# Trouble with the Hagen T5 HO 24" double lighting system



## summit (Aug 22, 2010)

The Hagen T5 HO Linear lighting system that came with my tank does not seem to be working. Everytime I plug it into the wall, one bulb fires up for about 3 seconds, then shuts off, the other bulb does not fire at all. I noticed when putting the bulbs in that one had a bit of a rattle to it, so I think perhaps the bulb is shot, but don't have another to test it.

This is brand new, does this sound like a bulb problem or ballast problem? I had to get a new tank already (kit came with tank, light, stand) as it had a bit of damage on one side suggesting it had a rough time in shipping as well.
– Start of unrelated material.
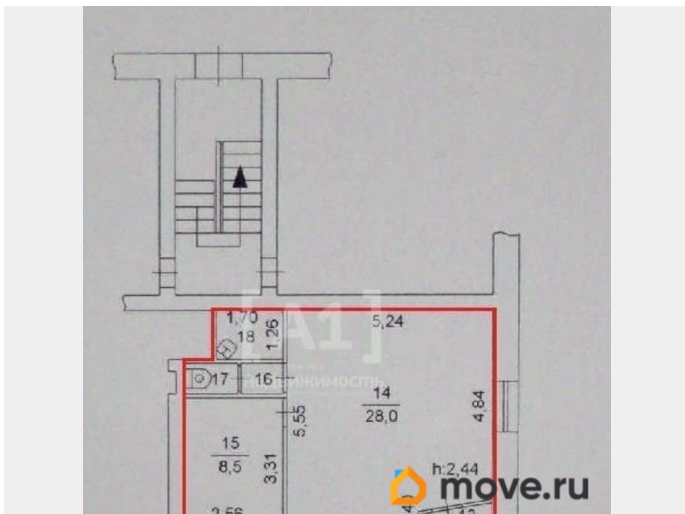

В ОТЛИЧНОМ МЕСТЕ!

Should I order a replacement and take this back, or try changing out some bulbs?


----------



## jkam (Apr 21, 2010)

this happens when one of the bulbs are dead. You just need a new bulb and you'll be fine.


----------



## monkE (Aug 4, 2010)

jkam said:


> this happens when one of the bulbs are dead. You just need a new bulb and you'll be fine.
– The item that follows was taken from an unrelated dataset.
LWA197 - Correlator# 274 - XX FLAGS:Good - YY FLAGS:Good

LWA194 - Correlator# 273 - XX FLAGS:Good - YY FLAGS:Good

this is true... though I have had trouble with my GLO fixtures when I try to plug them into a socket without using a timer of some sort. I cant explain it, but they come with a timer and don't seem to want to work properly without it. This could be your problem as well


----------



## couch (Apr 22, 2010)

take it back, it may be the ballast as well.


----------



## RDonald (Apr 25, 2010)

The timer should have nothing to do with anything, that sounds like a bad fixture or bad bulbs of some sort. The wiring may be fault or the prongs on the plug may not seat properly in the outlet but are nice and tight in the timer. I have two GLO HO fixtures and they both work fine whether I plug them into a wall or the timer.


----------